Please find every line in the entries below that contains the string "Protection", and copy it.
--- THE INPUT ---
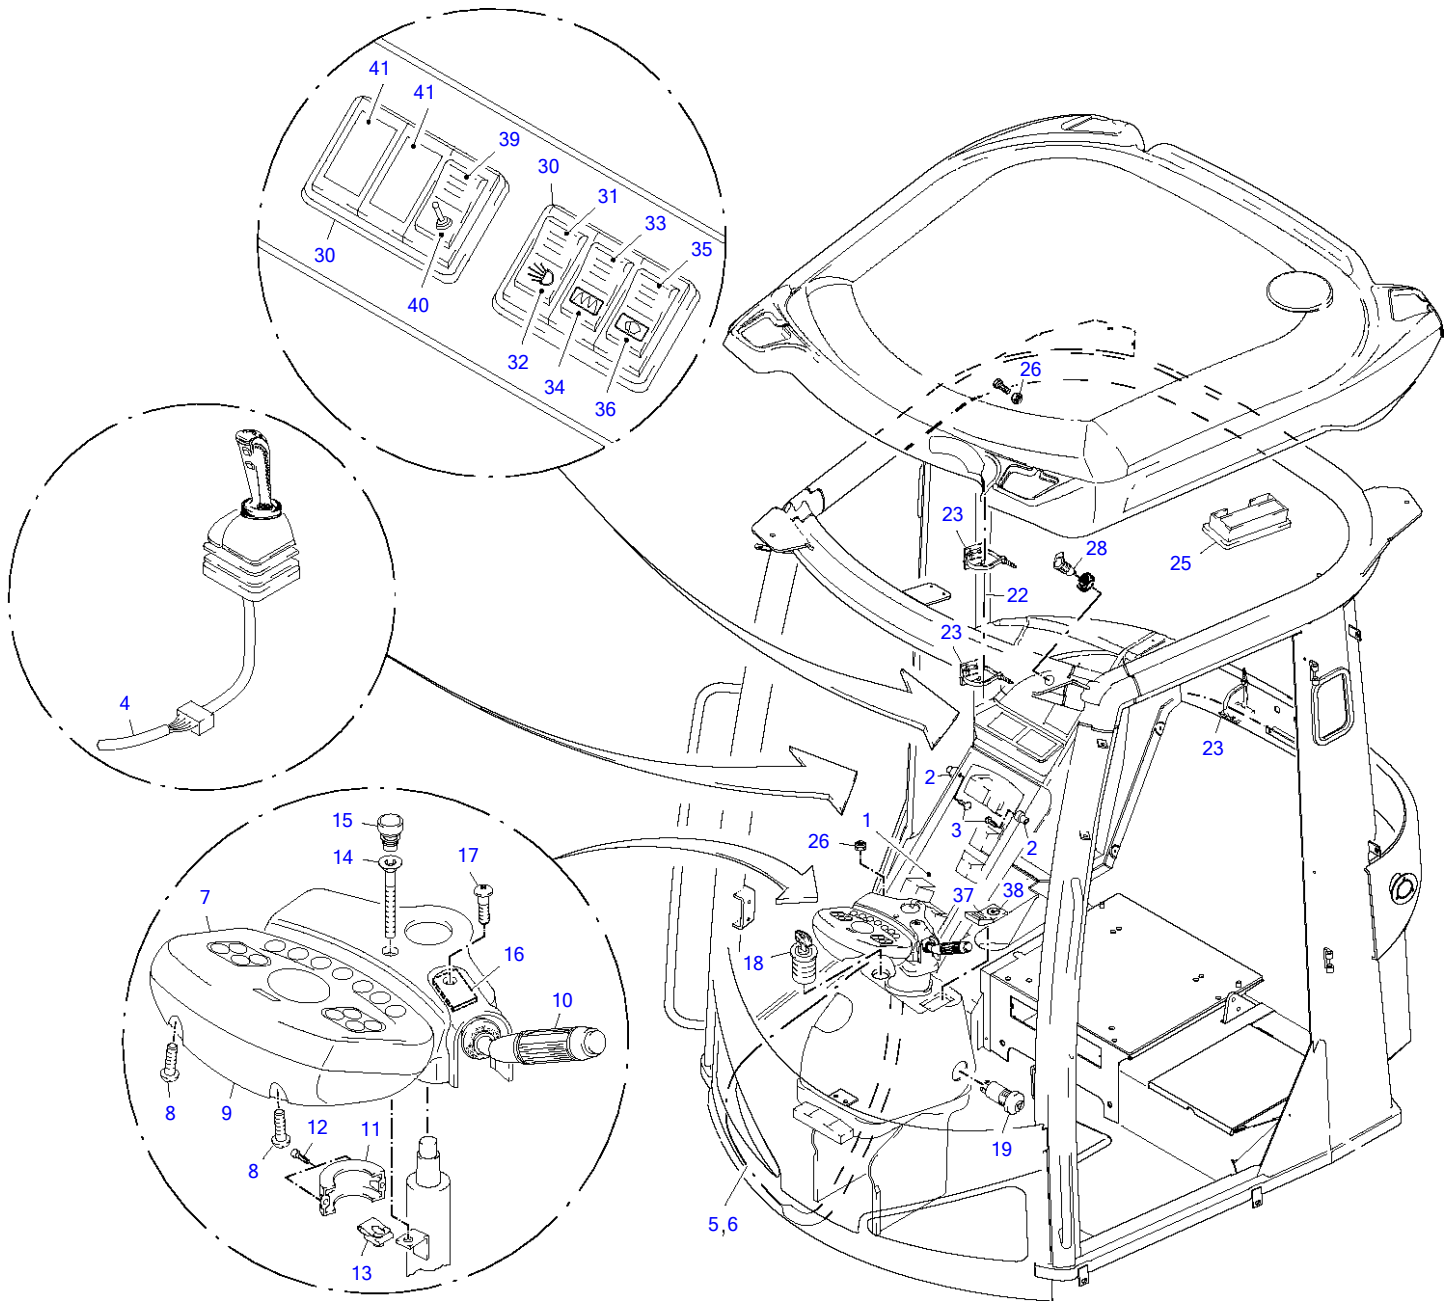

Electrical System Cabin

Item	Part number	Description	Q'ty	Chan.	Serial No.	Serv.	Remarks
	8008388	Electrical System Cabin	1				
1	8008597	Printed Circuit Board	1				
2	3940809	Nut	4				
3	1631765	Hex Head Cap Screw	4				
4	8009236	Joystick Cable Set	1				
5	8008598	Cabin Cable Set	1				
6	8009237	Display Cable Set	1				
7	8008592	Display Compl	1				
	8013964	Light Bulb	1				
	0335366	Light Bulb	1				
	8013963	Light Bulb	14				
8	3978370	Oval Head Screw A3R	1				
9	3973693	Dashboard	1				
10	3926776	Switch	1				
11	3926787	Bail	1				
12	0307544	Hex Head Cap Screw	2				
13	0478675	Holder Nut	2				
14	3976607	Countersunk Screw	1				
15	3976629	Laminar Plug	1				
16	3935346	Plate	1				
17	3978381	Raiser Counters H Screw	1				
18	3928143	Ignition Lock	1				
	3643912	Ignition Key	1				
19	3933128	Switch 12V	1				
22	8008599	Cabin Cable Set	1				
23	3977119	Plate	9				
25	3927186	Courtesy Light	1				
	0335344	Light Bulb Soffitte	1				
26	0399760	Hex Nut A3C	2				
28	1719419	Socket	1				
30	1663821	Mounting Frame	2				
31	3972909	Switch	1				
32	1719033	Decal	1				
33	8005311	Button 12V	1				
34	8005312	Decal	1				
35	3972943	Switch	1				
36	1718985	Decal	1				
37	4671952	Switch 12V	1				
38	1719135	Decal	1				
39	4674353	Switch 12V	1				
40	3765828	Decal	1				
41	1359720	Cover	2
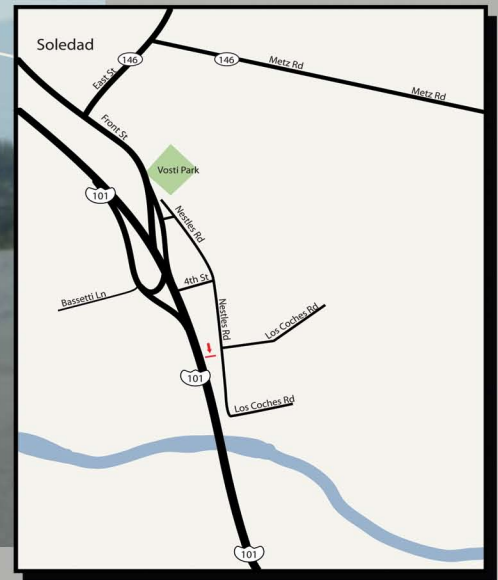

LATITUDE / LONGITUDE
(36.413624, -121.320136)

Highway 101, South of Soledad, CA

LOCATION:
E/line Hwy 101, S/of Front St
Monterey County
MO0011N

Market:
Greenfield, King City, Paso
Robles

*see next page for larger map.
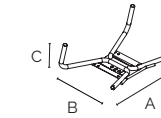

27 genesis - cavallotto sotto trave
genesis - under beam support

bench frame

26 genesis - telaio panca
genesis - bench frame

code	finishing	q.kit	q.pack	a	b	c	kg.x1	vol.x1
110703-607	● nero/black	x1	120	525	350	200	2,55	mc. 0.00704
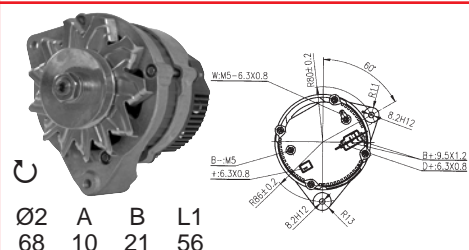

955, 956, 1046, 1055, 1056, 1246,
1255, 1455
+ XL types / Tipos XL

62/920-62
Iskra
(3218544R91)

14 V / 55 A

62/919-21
---
--- THE INPUT ---
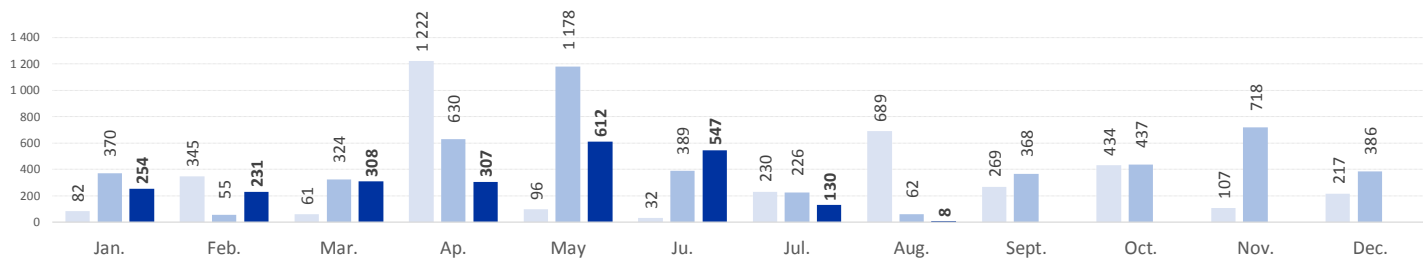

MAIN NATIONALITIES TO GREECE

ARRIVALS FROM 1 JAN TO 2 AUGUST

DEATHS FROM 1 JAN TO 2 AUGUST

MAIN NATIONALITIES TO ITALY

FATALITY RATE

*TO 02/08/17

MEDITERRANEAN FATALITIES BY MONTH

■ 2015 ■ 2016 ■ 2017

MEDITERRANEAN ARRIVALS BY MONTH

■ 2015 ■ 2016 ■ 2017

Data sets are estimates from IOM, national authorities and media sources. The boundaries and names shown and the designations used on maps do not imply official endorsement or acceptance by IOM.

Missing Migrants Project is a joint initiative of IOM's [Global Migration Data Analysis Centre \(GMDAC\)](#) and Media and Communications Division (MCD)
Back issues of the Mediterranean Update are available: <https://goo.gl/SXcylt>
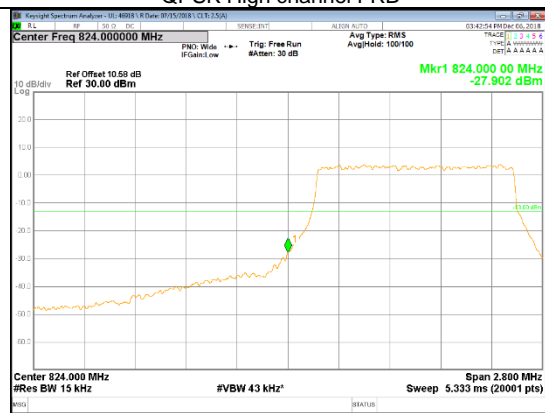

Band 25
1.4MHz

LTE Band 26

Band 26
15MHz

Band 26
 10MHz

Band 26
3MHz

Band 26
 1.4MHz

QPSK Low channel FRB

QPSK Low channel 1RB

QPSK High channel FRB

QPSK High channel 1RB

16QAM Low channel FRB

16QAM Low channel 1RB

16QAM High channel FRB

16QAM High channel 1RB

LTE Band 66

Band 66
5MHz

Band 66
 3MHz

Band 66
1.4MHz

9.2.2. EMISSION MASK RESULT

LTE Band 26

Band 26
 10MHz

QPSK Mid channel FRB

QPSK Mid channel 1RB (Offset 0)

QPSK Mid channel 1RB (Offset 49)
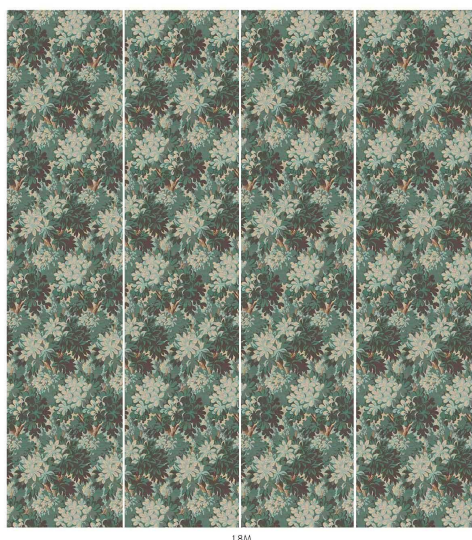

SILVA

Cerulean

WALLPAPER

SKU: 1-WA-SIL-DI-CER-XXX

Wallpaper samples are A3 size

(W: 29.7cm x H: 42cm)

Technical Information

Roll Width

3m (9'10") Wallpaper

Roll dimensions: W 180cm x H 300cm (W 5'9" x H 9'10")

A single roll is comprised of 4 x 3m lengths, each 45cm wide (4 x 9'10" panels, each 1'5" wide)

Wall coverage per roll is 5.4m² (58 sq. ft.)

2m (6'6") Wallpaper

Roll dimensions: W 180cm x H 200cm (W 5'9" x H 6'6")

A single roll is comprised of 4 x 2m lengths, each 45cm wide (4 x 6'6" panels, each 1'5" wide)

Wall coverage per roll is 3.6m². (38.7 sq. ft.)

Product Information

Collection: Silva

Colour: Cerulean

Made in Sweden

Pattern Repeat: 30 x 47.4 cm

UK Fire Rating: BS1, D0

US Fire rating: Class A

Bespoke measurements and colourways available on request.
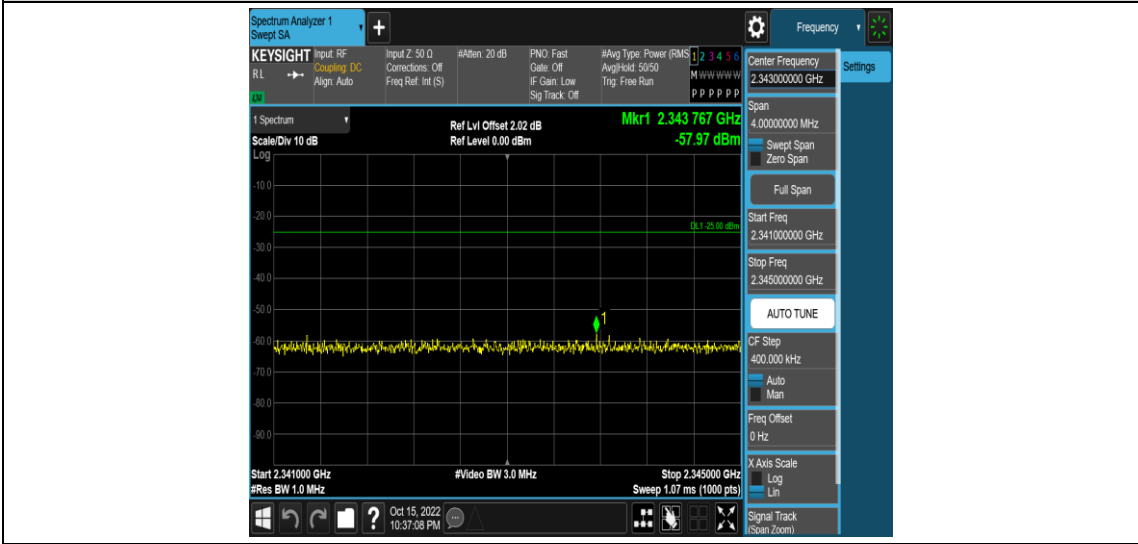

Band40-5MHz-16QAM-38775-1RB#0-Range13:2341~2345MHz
---
--- THE INPUT ---
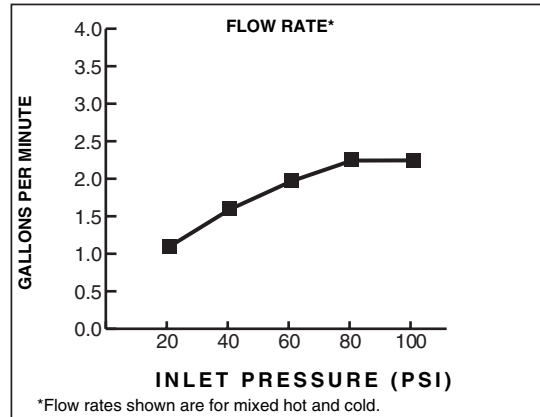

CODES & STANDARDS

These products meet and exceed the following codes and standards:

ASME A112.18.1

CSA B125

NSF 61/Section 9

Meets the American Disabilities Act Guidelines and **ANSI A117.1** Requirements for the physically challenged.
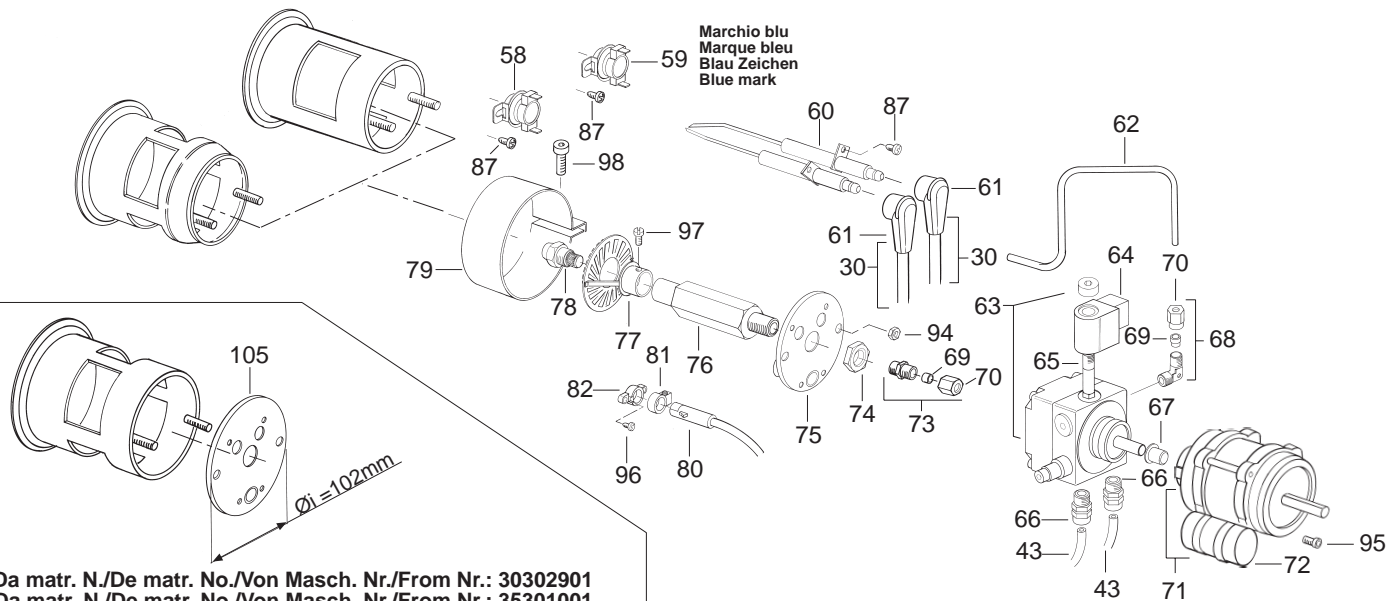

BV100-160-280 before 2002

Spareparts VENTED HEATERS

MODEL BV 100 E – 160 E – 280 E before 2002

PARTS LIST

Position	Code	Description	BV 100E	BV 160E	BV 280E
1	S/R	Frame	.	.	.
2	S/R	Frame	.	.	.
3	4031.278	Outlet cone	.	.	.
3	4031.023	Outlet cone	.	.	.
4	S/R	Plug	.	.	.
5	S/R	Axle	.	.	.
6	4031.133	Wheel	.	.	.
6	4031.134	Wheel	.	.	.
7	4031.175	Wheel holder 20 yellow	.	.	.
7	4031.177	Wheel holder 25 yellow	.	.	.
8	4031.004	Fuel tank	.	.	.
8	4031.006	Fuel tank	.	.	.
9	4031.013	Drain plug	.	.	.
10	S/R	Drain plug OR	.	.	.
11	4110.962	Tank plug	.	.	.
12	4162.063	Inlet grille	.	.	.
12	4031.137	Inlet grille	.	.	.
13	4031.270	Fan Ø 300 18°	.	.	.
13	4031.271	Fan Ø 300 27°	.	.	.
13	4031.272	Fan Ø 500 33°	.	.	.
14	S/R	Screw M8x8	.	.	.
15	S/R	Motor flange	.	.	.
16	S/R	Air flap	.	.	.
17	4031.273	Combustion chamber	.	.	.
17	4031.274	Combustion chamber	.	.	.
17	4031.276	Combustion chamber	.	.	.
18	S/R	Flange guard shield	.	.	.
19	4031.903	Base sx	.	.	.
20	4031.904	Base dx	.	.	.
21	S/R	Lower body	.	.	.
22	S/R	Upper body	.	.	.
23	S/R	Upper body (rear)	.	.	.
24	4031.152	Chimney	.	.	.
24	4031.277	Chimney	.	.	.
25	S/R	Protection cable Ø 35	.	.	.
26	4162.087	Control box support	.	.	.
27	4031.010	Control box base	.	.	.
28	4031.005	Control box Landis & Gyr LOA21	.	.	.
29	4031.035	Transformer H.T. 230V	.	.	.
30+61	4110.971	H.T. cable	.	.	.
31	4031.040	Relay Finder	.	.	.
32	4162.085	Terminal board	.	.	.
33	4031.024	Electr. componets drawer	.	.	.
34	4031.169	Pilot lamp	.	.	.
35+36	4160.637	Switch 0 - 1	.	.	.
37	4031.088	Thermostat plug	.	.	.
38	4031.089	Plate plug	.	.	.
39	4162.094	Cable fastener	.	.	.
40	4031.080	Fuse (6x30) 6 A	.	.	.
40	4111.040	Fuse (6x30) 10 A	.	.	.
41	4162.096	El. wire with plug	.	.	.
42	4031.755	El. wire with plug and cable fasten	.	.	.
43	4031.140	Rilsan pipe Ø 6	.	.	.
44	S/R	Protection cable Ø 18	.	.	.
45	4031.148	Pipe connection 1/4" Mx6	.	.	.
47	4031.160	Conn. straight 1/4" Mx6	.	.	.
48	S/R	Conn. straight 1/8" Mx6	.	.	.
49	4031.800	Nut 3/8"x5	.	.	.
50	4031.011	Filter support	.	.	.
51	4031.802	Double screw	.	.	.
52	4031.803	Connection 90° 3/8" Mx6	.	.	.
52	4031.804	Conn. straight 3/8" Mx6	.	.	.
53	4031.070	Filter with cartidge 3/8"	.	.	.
---
* _RESULT OF THIS EXERCISE_
25	S/R	Protection cable Ø 35	.	.	.
44	S/R	Protection cable Ø 18	.	.	.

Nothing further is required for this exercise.